The ministerial panel comprises finance minister Arun Jaitley, aviation minister Ashok Gajapathi Raju, transport minister Nitin Gadkari, railway minister Suresh Prabhu and power minister Piyush Goyal. The panel met first on 21 July. Gadkari did not attend that meeting as he was travelling.

At that meeting, Air India made a detailed presentation, after which the ministers asked the aviation ministry and Dipam to prepare a note on the options to deal with the airline’s debt, Mint reported on 25 July.

“Friday’s meeting is expected to discuss these options," the government official cited in the first instance said.

Air India had total debt of about Rs48,877 crore at the end of March 2017, of which about Rs17,360 crore were aircraft loans and Rs31,517 crore were working capital loans.

The airline has about 17% share of traffic on routes linking India to international destinations and 13% of the domestic market. It also has valuable real estate, bilateral flying rights and sought-after overseas airport slots.

IndiGo (InterGlobe Aviation Ltd), the largest airline in the country, has publicly expressed interest in Air India, while the Tata group, which started the airline in 1932 before it was nationalized, has also sought details from the government in informal conversations, Mint reported on 20 July.

Steve Forte, the New York-based former CEO of Jet Airways (India) Ltd, said the government needs to keep in mind that privatization is not a dumping exercise.

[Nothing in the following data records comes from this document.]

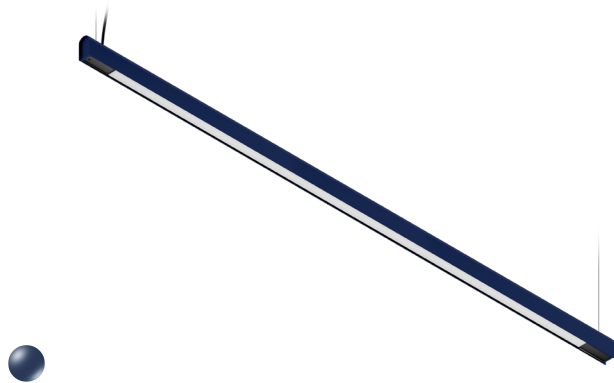

## KAMERTON S Line

KOD: 5.3202.0411.WA38.S0

LED | 2700-3000K | >90 | SDCM ≤3 | 50.000 h L80 B10 | IP20 | Dim to warm | 220-240V 50-60Hz |  | 

### DANE TECHNICZNE

Moc całkowita: 47+23,5 W CV HO (High output)  
Strumień świetlny: 5419 lm  
CCT: 2700-3000K  
CRI: >90  
SDCM: ≤3  
Trwałość źródeł LED: 50.000 h, L80 B10  
Dyfuzor / Optyka: Dark Microcrystal

Sposób montażu: Zwieszany, rozsył bezpośredni/pośredni (SDI)  
Zasilanie: 220-240V, 50-60Hz  
Sterowanie: Dim to warm  
Klasa Ochronności: I  
IP: IP20  
Materiał: Extruded aluminium profile  
Wykończenie: powder coated: saphire (RAL5003)

### RYSUNEK TECHNICZNY

Wymiary: 2197x44 mm

“If the government (taxpayers, really..) decides to absorb all the debt and sell Air India clean, it would be a great buy," he added.

The airline has so far received Rs23,993 crore of a Rs30,231 crore equity infusion promised by the government under a financial restructuring plan in 2012. It reported a loss of about Rs3,587 crore in 2015-16, compared with a loss of Rs5,859 crore the previous year.

NITI Aayog, the government think tank, had cited Air India’s “fragile finances" as the main reason for recommending the airline’s disinvestment on 12 May.